That may appear to be a lot of “never ever” and bravado – but history shows there could be weight to his words.
Comebacks do happen, and sometimes from the least-likely scenarios, a winner can return to the top. In the sporting world, such events are common, and bring intrigue and thrill to competition. And in business there are prominent tales of crashes followed by resurrection.
Here are four business falls-turned-survivals that Rudd could take some lessons from in his last minute bid to bounce back.
1. Steve Jobs – a winning idea
Apple founder Steve Jobs was (incredulously) forced to resign from the company in 1985. He kept working hard at his passion, creating a new business, NeXT. The idea caught the attention of Apple and they bought it in the mid-90s. Jobs came back on board, and instigated the iPod, iPhone and of course the iPad, which turned around the fortunes of the company and changed the mobile telecommunications industry landscape.
Lesson: Like Jobs, Rudd has already been fired and re-hired from the top position by the Labor Party. Now it’s the nation that he needs to convince. He has to come up with the political equivalent of an iPhone – a stance that is unique, revolutionary and blows the competition out of the race.
2. Coles – be competitive
When Coles boss Ian McLeod was appointed to the top job, the supermarket chain was suffering in the shadows of competitor Woolworths. McLeod focused on streamlining the product offer, striking deals with suppliers and lowering prices. Marketing has been vital, with the “down-down” campaign and new “Cole” superhero character striking a chord with consumers. The result is a major upturn in the retailer’s outlook.
Lesson: Get to the core of issues. Vague policies won’t cut it as voters can see straight through it. Rudd needs to know his policies inside out and reveal exactly why and how he is going to make changes, even at the most miniscule level.
3. IBM – get focused
IBM famously suffered a huge sink in revenue in the 1990s, when competition in the personal computer industry soared. Then Louis Gerstner stepped up as chief executive. Demonstrating strong leadership skills he swiftly cut down the business from a broad offering into an enterprise-focused operation. The company came out with a different blueprint and went on to thrive.

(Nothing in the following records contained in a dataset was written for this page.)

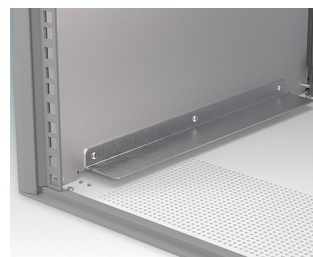

Boîtiers 19" moderne conformes aux normes DIN 41494 et IEC 60297-3

- Design moderne et cohérent sans vis de fixation visibles. Construction en aluminium robuste mais léger
- Conçus pour sub-racks, châssis et plaques avant 10.5" (42HP) et 19" (84HP) standard
- Les cadres frontaux et arrière moulés sous pression s'ajustent parfaitement sur le boîtier pour offrir une ligne fluide
- Modèles standard avec poignées latérales en ABS
- Versions 10,5" également disponibles avec une poignée de transport
- Plaque arrière amovible et barrettes de support de sub-rack/châssis incluse
- Trous d'aération sur les plaques inférieure et arrière
- Toutes les plaques de boîtier sont munies de piliers filetés M4 pour les connexions de mise à la terre
- Pieds antiglisse en ABS moulé inclus
- Fournis entièrement assemblés et prêts à l'emploi
- Plaques avant anodisées 10,5" et 19" disponibles en accessoire

Commandez votre version entièrement personnalisée. [En savoir plus >>](#)
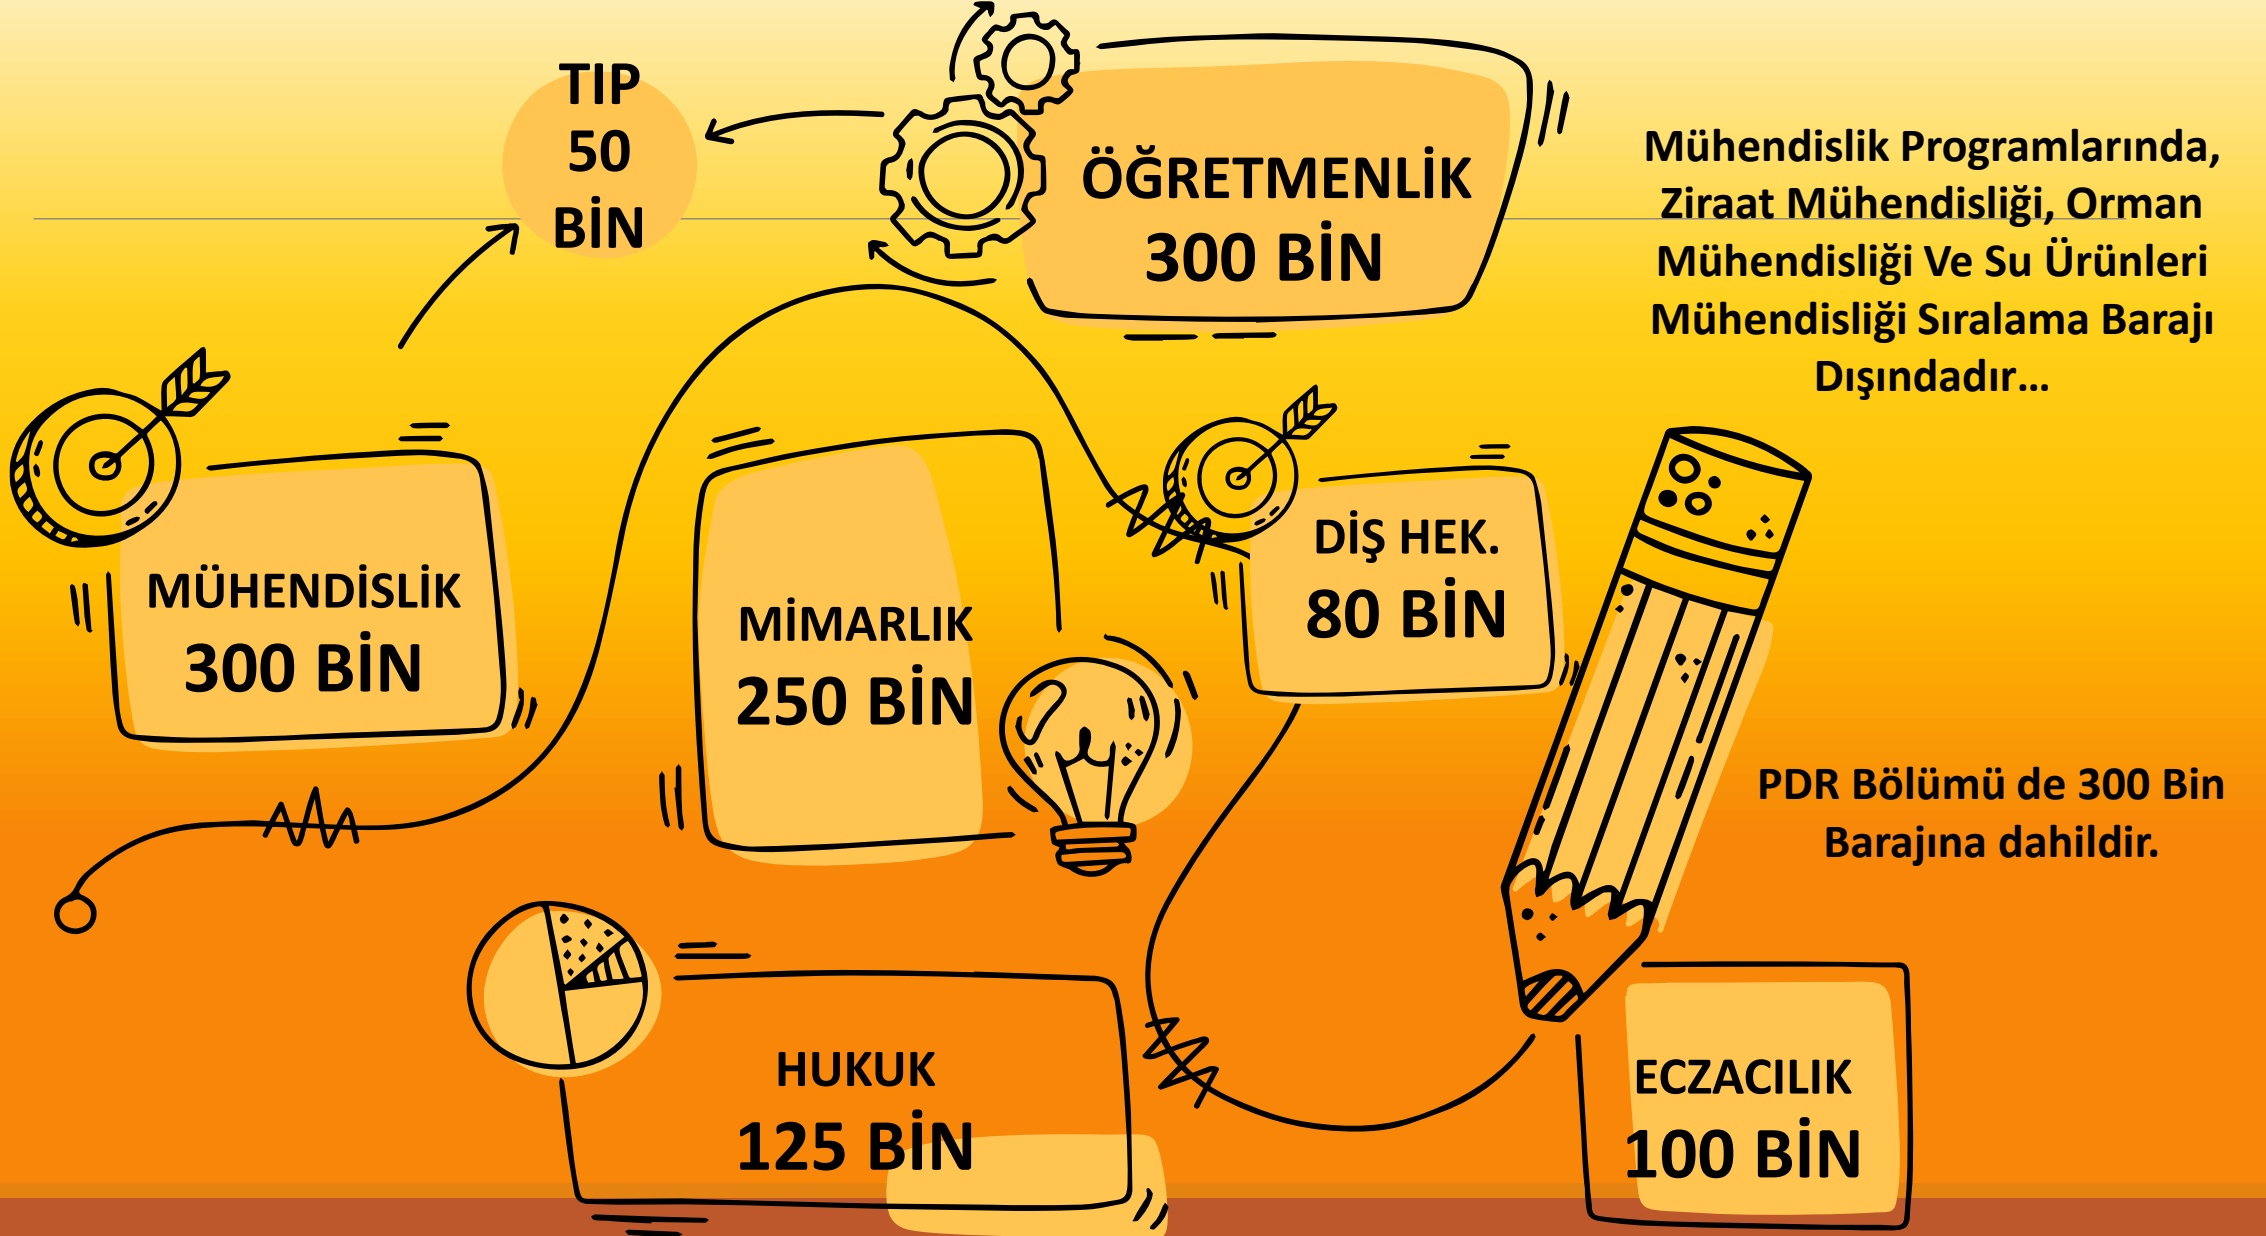

SIRALAMA BARAJLARI
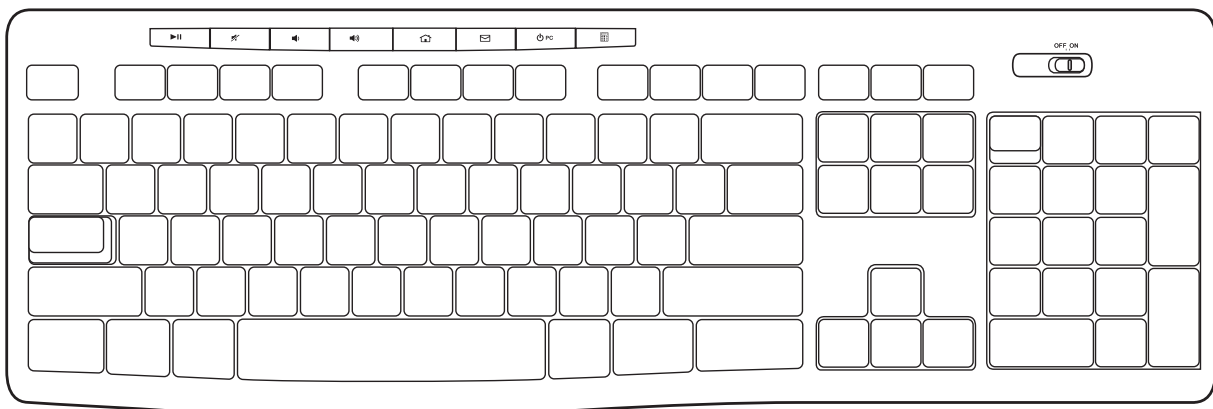

TASTATURFUNKTIONEN

Sondertasten			
	Wiedergabe/Pause		Ton aus
	Lautstärke verringern		Lautstärke erhöhen
	Internet-Startseite aufrufen		E-Mail-Anwendung starten
	PC in den Standby-Modus versetzen		Taschenrechner starten
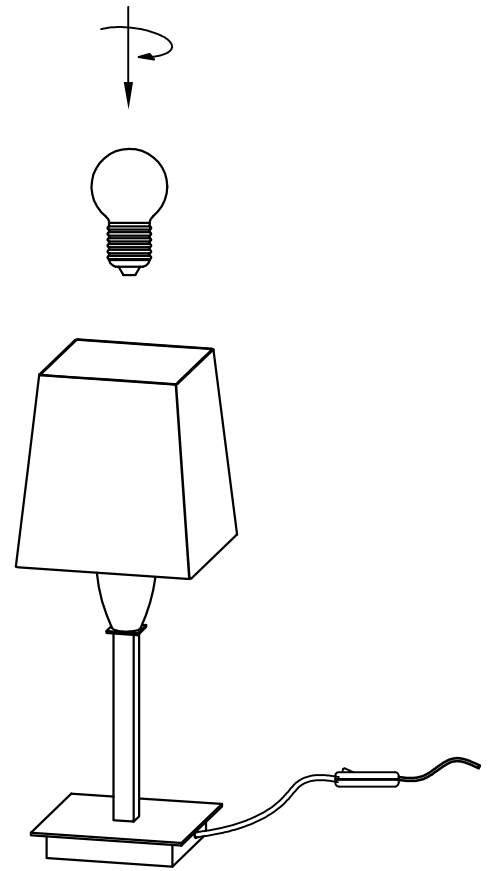

The photograph may not match the reference exactly. Please read the product description to identify the finish.

Download photometric file .ldt /.ies

TECHNICAL CHARACTERISTICS

Type:	Table lamp
IP Protection degrees:	IP20
Lampholder:	1 x E27
Power (W):	E27 MAX 60W
Total power consumption (W):	60
Voltage / Frequency:	220-240V/50-60Hz
Warranty (Years):	2
Units per box:	2
Net Weight (Kg):	0.9
EAN:	8435071400831,00

MATERIALS / FINISHES

Structure material: Steel

Diffuser material: Fabric shade

Structure finish: Nickel Matt

Diffuser finish: White

Luminaria		Ensayo		Lámpara	
Código	239-NM	Código	239-NM	Código	CLAS A CL 60
Nombre	Sobremesa DENVER 60W E27 tela	Nombre	Sobremesa DENVER 60W incan E27	Número	1
Familia	- LEDS-C4	Fecha	26-03-2010	Posición	Universal
Eficiencia	79.25%	Sist. de Coordin.	C-G	Flujo Total	710.00 lm
Valor Máximo	97.07 cd	Posición	C=45.00 G=145.00	Bisimétrico	

140mm x 140mm

Semiplanos C

180.0 ——— 0.0
 270.0 ——— 90.0

1

2

3

Lesson: Focus on what you do best, and be decisive in what works and what doesn’t. In one week, Rudd can’t win over everyone, but he can build a strong position on policies in key categories that may cement sector-based votes.
4. sass & bide – harness your reputation
Fashion brand sass & bide was the darling of the Australian catwalk, with a cult following, retail roll-out strategy, celebrity ambassadors and even top billing on the London Fashion Week program, before it tumbled into administration.
But the popularity of the designs and the strength of its owners Heidi Middleton and Sarah-Jane Clarke as brand ambassadors ensured there was interest from buyers. In 2011, Myer stepped in, paying approximately $42.3?million for two-thirds for the business.
Lesson: Rudd’s party may be in strife, but his personal popularity still holds some measure. If he churns out the charisma, uses social media power and aligns with some power players for extra backing, it could make people want to be on his side.